I reckon it'll be about 20mm....
My advice with spacers is just to make sure you have pristine spigots..
and that the wheel bolts are long enough.
Don't fit spacers that don't have a machined spigot (hub flange) to support the weight of the wheel.
A lot of cheap spacers are just a machined disc of alloy with holes drilled into it, which is great but it means the weight of the car becomes supported entirely by the wheel bolts, rather than the hub.
I would also only fit spacers that are bolted to the hub face but whose wheel bolt holes line up with the bolt holes in the hub. Apart from you get a touch more support, the spacer won't fall off every time you remove the wheel (and it's easier to align the spacer when you want to re-fit the wheel).
The new bolts should be the spacer's thickness longer than your existing bolts. Don't use your current bolts unless the spacer is 3mm or less thick.

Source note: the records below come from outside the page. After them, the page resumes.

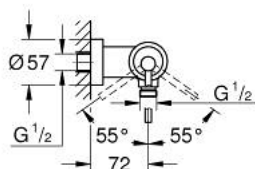

24 366 MS0 ATRIO BATERIE DUȘ MONOCOMANDĂ 1/2"

DESCRIEREA PRODUSULUI

- Colour: satin steel
- montare pe perete
- cartuș ceramic de 35 mm cu GROHE SilkMove
- finisaj GROHE LongLife
- limitator de debit reglabil
- scurgere duș inferioară 1/2" cu supapă integrată contra refluxului
- elemente de fixare ascunse
- protecție împotriva refluxului

24 366 MS0 ATRIO BATERIE DUȘ MONOCOMANDĂ 1/2"

PIESE DE SCHIMB , octombrie 2022 – now

1: Cartuș (Spare part-nr. 46374000)

2: Ventil de reținere (Spare part-nr. 08565000)

3: Cheie tubulară (Spare part-nr. 19332000)*

The biggest issue with fouling is likely to be on the front, under load at full lock. The further out the wheel is, the bigger arc it makes as you turn the steering, so have a look at how close the outer shoulder of the tyre gets to the wheel arch liner as you (or someone else) turns the steering to full lock. If possible, stick your 20mm spacer on the front to test it while your chubby mate is sitting on top of the front slam panel, so you can see how close it gets.

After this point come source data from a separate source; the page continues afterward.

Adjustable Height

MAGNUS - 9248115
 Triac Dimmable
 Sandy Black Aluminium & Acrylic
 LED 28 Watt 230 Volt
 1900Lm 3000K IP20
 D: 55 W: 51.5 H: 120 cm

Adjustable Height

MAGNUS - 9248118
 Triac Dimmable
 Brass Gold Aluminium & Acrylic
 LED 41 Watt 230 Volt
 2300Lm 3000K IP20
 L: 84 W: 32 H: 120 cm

The rear wheel has plenty of room around it and you'll see whether it sticks out close to or beyond the wheel arch lip. If it does, it will foul, so don't do it.
My preference, over wheel spacers would be to just fit wheels with a bigger offset (smaller ET number). You'll get the same effect but without all the additional ironmongery... although the fouling issue still needs to be checked.